A definite integral with with $\mathrm{e}^{\frac{-1}{\theta(1+x)}}$ in terms of Meijer G-function I have solved the following definite Integral using Mathematica. However, as I am not familiar with Meijer G-functions, it is not trivial for me to use relevant functional identities involving Meijer G-functions in order to prove
$$
\int_0^\infty\frac{\log(1+x)}{\theta^{\kappa} (1+x)^{\kappa+1}} \ \mathrm{e}^{-\frac{1}{\theta(1+x)}} \ \mathrm{d}x = \Gamma\left( \kappa,\frac{1}{\theta} \right) \left( \log(1/\theta) + \log(\theta) \right) + G^{3,0}_{2,3} \left(\frac{1}{\theta} \middle|
\begin{array}{c}
 1,1 \\
 0,0,\kappa \\
\end{array} \right) - \Gamma(\kappa) \left( \log(\theta)+\psi^{(0)}(\kappa) \right)
$$
with the condition that $(\Re(\kappa)>0)$
This equality came out of Mathematica, in whose syntax the right-hand side reads 
MeijerG[{{}, {1, 1}}, {{0, 0, k}, {}}, 
  1/\[Theta]] + (Log[1/\[Theta]] + Log[\[Theta]])*
  Gamma[k, 1/\[Theta]] - 
    Gamma[k]*(Log[\[Theta]] + PolyGamma[0, k])

This question is related to 
NB: This question is related to:
A definite integral in terms of Meijer G-function
to which @Leucippus has given an interesting answer
 A: Let $\alpha = -1/\theta$. Show that
$$ \int_{\mathbb R^+} \frac {\ln(x + 1)} {(x + 1)^p} dx =
-\frac d {dp} \int_{\mathbb R^+} \frac {1} {(x + 1)^p} dx =
\frac 1 {(p - 1)^2}, \quad \operatorname {Re} p > 1$$
and that
$$\int_{\mathbb R^+}
 \frac {\ln(x + 1)} {(x + 1)^{\kappa + 1}} e^{\alpha/(x + 1)} dx =
\sum_{j \geq 0} \int_{\mathbb R^+}
 \frac {\ln(x + 1)} {(x + 1)^{\kappa + 1}}
 \frac {\alpha^j} {j! (x + 1)^j} dx = \\
\sum_{j \geq 0} \frac {\alpha^j} {j! (\kappa + j)^2} =
\kappa^{-2} \hspace {1px} {_2 F_2}(\kappa, \kappa; \kappa + 1, \kappa + 1; \alpha)$$
(the last step is optional).
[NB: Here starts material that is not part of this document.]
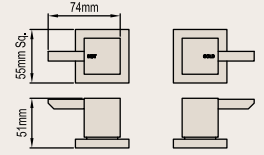

WALL TOP ASSEMBLIES

Product Code: 077334

Then apply the residue theorem to the integral representation of the G-function:
$$\operatorname* {Res}_{s = 0}
 \frac {\Gamma^2(s) \Gamma(\kappa + s)} {\Gamma^2(1 + s)} (-\alpha)^{-s} =
\Gamma(\kappa) (\psi(\kappa) - \ln(-\alpha)), \\
\operatorname* {Res}_{s = -\kappa - j}
 \frac {\Gamma^2(s) \Gamma(\kappa + s)} {\Gamma^2(1 + s)} (-\alpha)^{-s} =
\frac {(-\alpha)^\kappa \alpha^j} {j! (\kappa + j)^2},
\quad j \in \mathbb N^0.$$
If we're taking the principal branches of $z^p$ and $\ln z$, then $\ln \theta + \ln(1/\theta) = 0$  and $\theta^p (1/\theta)^p = 1$ for $\theta \not \in (-\infty, 0]$, so the two formulas match for those values of $\theta$.